[Items listed in a dataset]
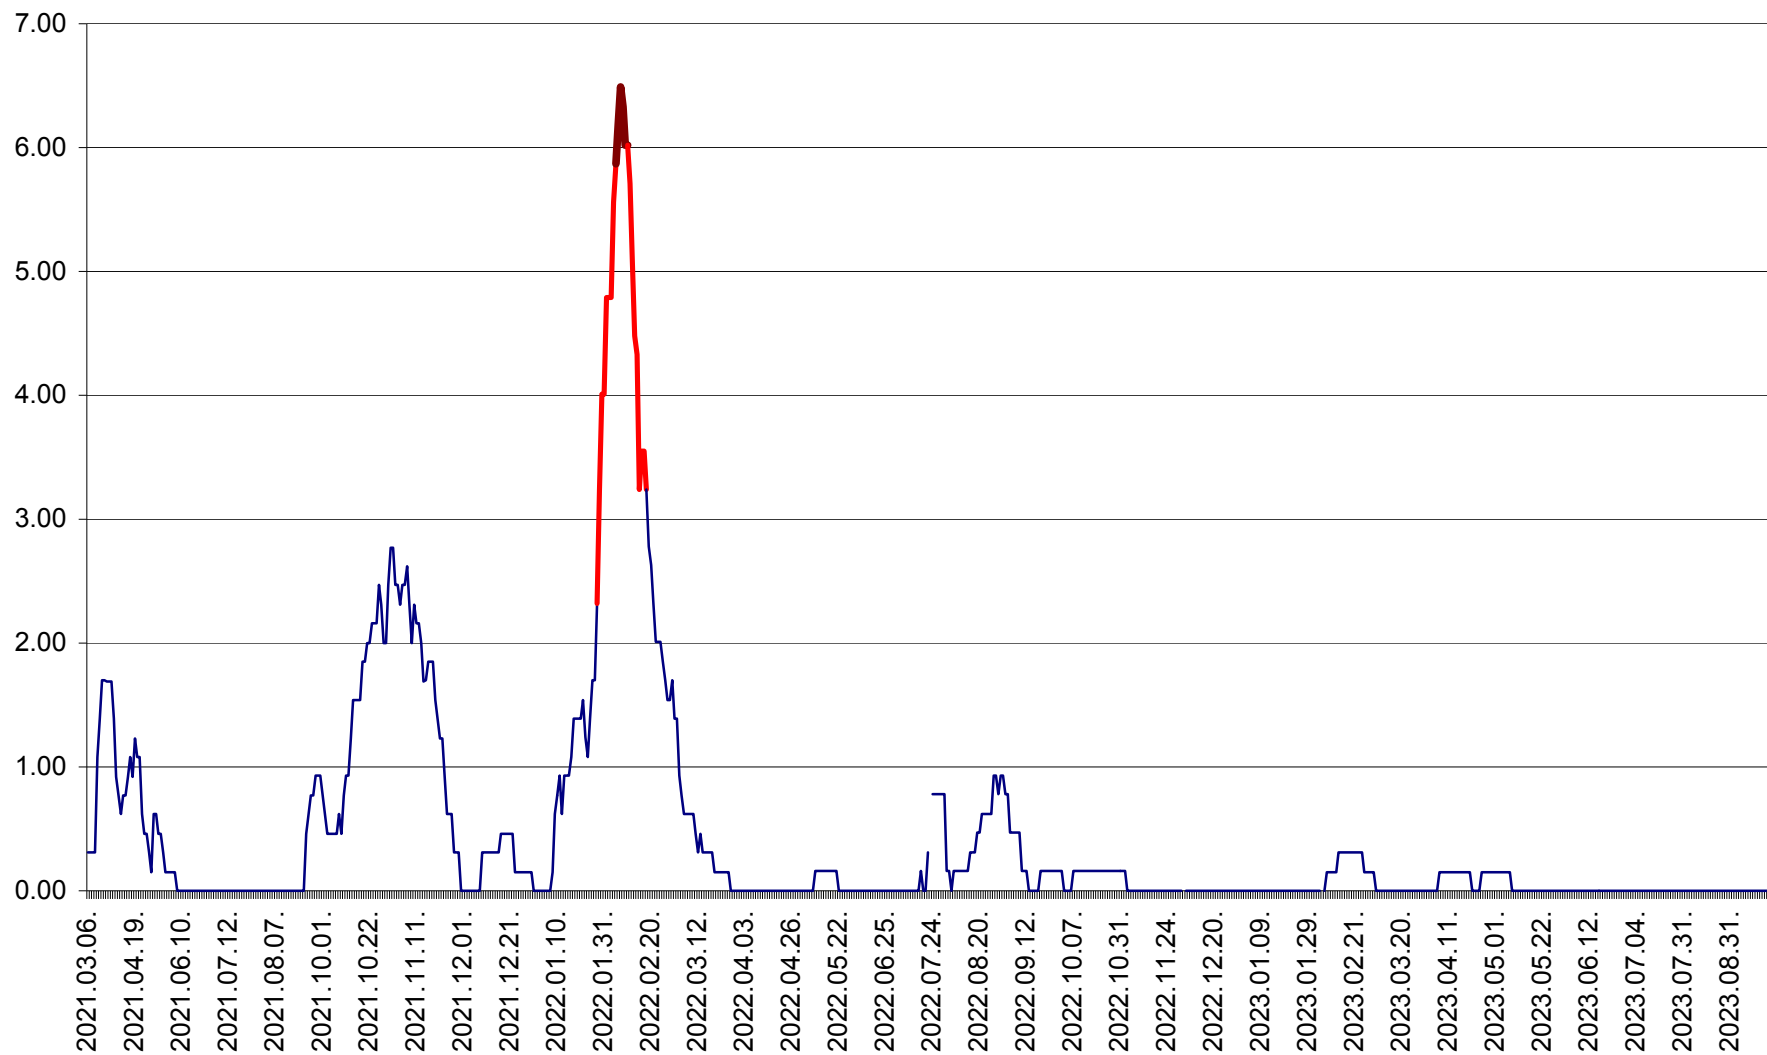

ORAȘ BĂLAN - Evoluția incidenței cumulate pe 14 zile la ‰ de locuitori
2021.03.07. - 2023.09.29.

BILBOR - Evolutia incidentei cumulate pe 14 zile la ‰ de locuitori
2021.03.07. - 2023.09.29.

ORAȘ BORSEC - Evolutia incidentei cumulate pe 14 zile la ‰ de locuitori
2021.03.07. - 2023.09.29.

BRĂDEȘTI - Evolutia incidentei cumulate pe 14 zile la ‰ de locuitori
2021.03.07. - 2023.09.29.

CĂPÂLNIȚA - Evolutia incidentei cumulate pe 14 zile la ‰ de locuitori
2021.03.07. - 2023.09.29.

CÂRȚA - Evolutia incidentei cumulate pe 14 zile la ‰ de locuitori
2021.03.07. - 2023.09.29.

CICEU - Evolutia incidentei cumulate pe 14 zile la ‰ de locuitori
2021.03.07. - 2023.09.29.

CIUCSÂNGEORGIU - Evolutia incidentei cumulate pe 14 zile la ‰ de locuitori
2021.03.07. - 2023.09.29.

CIUMANI - Evolutia incidentei cumulate pe 14 zile la ‰ de locuitori
2021.03.07. - 2023.09.29.

CORBU - Evolutia incidentei cumulate pe 14 zile la ‰ de locuitori
2021.03.07. - 2023.09.29.

CORUND - Evolutia incidentei cumulate pe 14 zile la ‰ de locuitori
2021.03.07. - 2023.09.29.

COZMENI - Evolutia incidentei cumulate pe 14 zile la ‰ de locuitori
2021.03.07. - 2023.09.29.
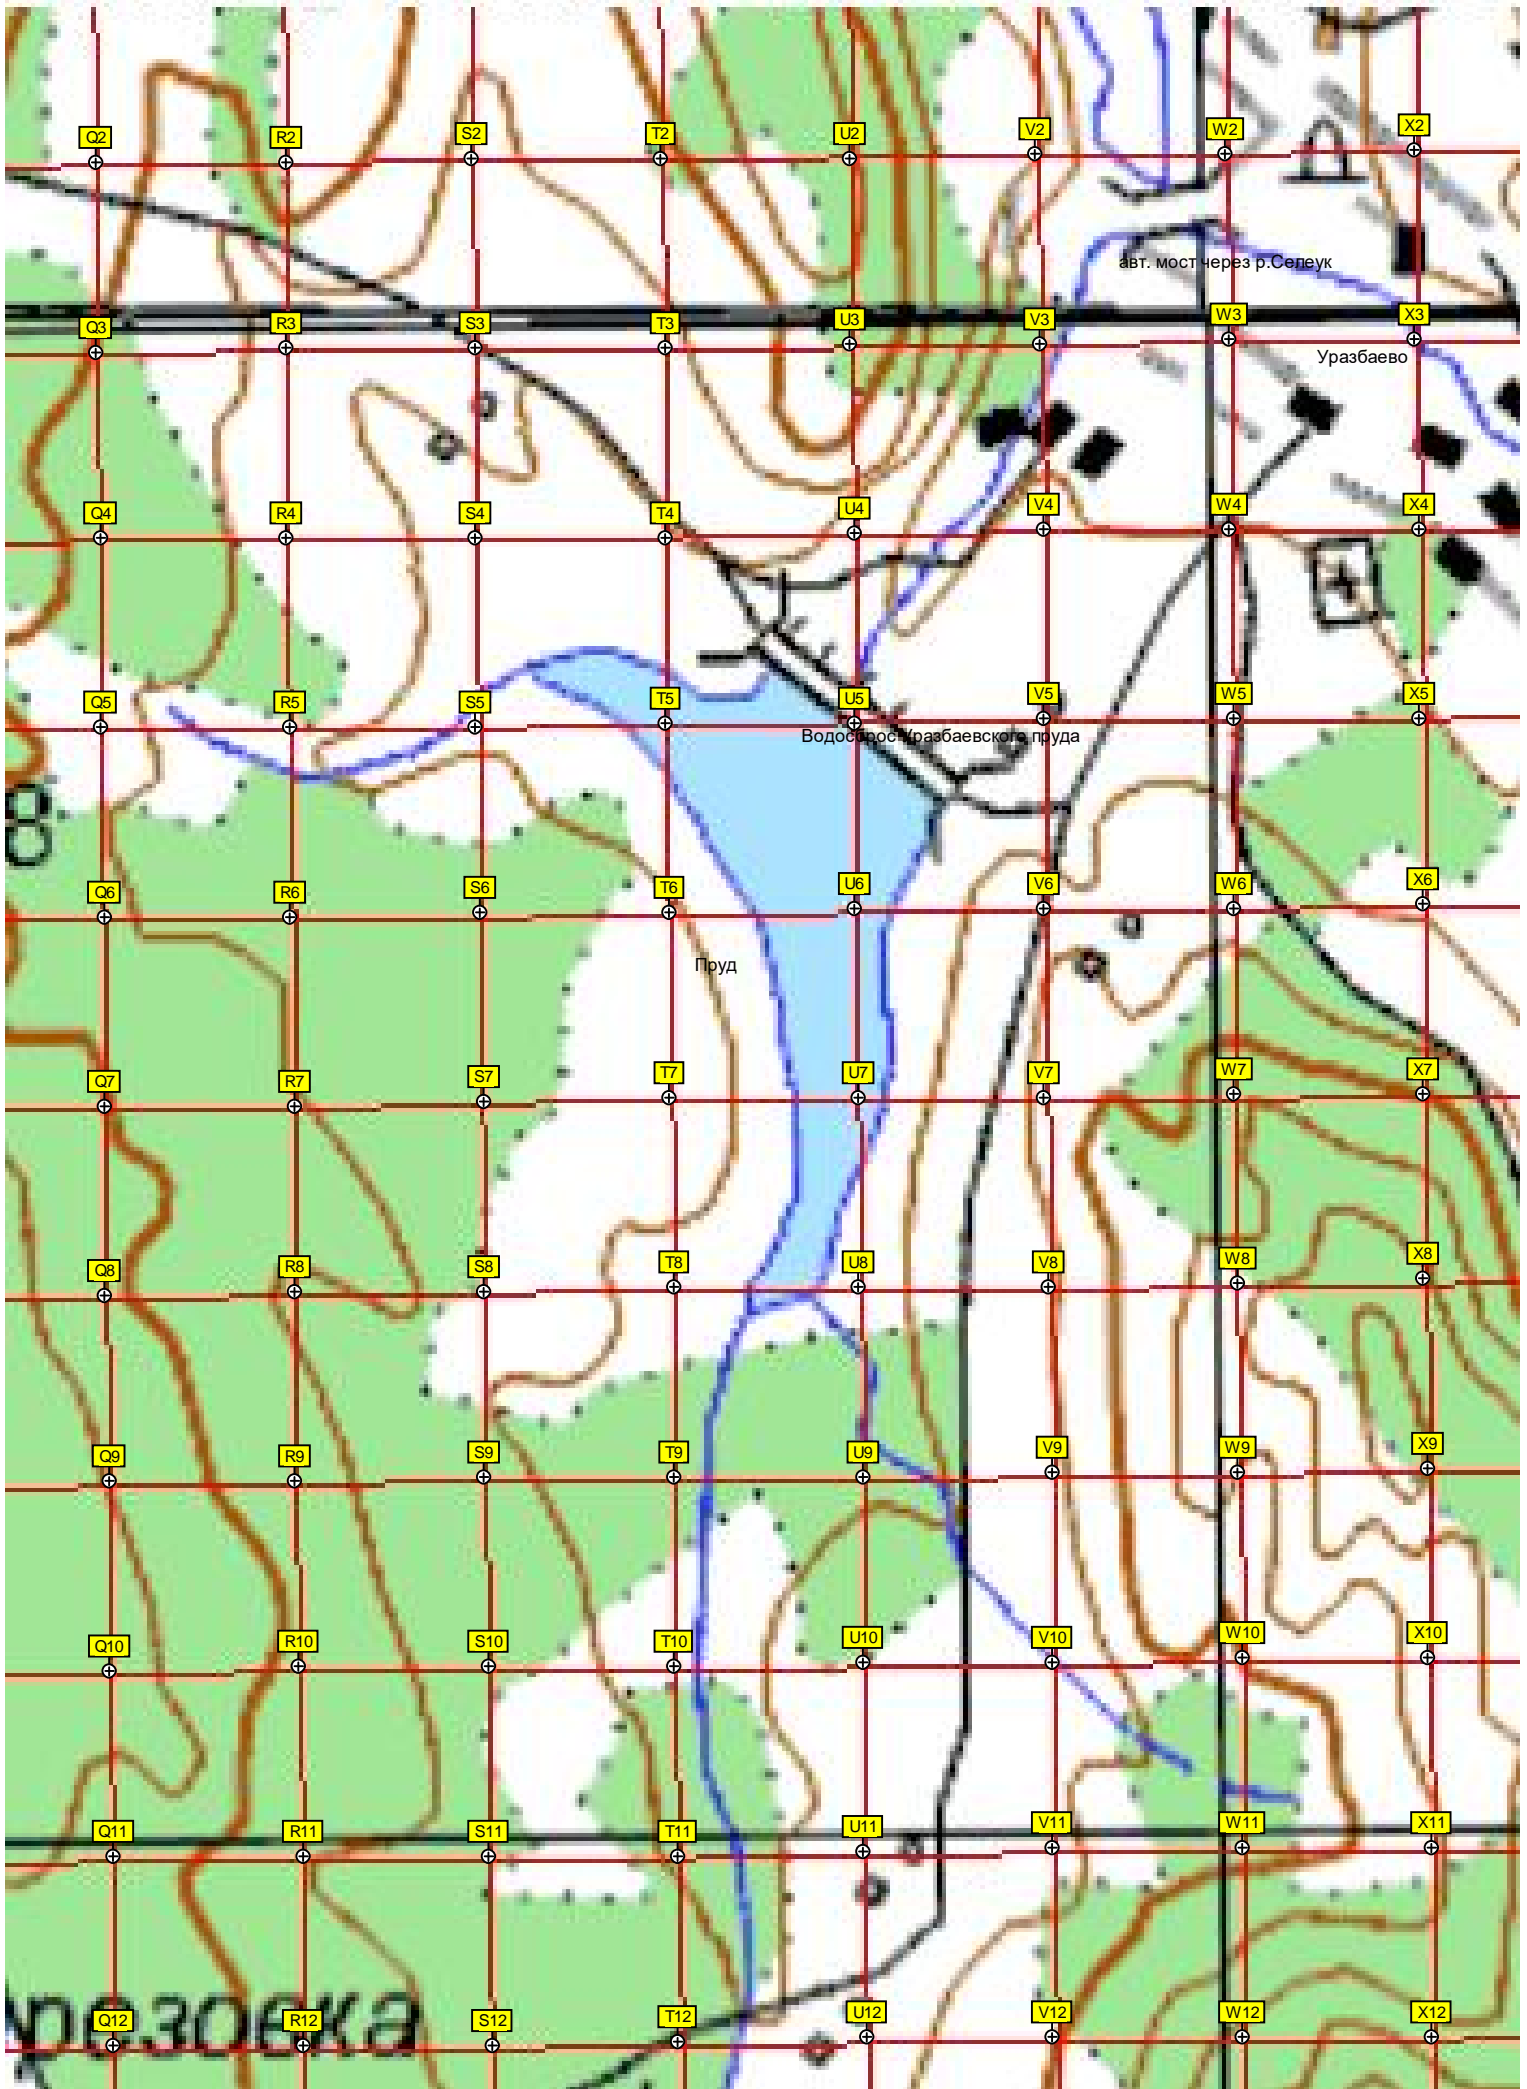

44600 44650 44700 44750 44800 44850

44900 44950 45000 45050 45100 45150 45200 452500

15300 45350 45400 45450 45500 45550 45600 456500

15700 45750 45800 45850 45900 500

Подлеск

5904500

5904000

5903500

5903000

5902500

5902000

5901500

5901000

5900500

5900000

5899500

лесоуч. Гортола

Лесное

неодн

Омадановка

Верхоторская свалка
Высота 315 м

Кладбище

Развалины фермы

Развалины фермы

плотина и спуск воды.

44900 44950 45000 45050 45100 45150 45200 45250

5899000

5898500

5898000

5897500

459

5897000

> _Work to be completed_: In the data above, find each line where the string "ORAȘ" appears, then copy it.

> _Answer to the exercise_:
ORAȘ BĂLAN - Evoluția incidenței cumulate pe 14 zile la ‰ de locuitori
ORAȘ BORSEC - Evolutia incidentei cumulate pe 14 zile la ‰ de locuitori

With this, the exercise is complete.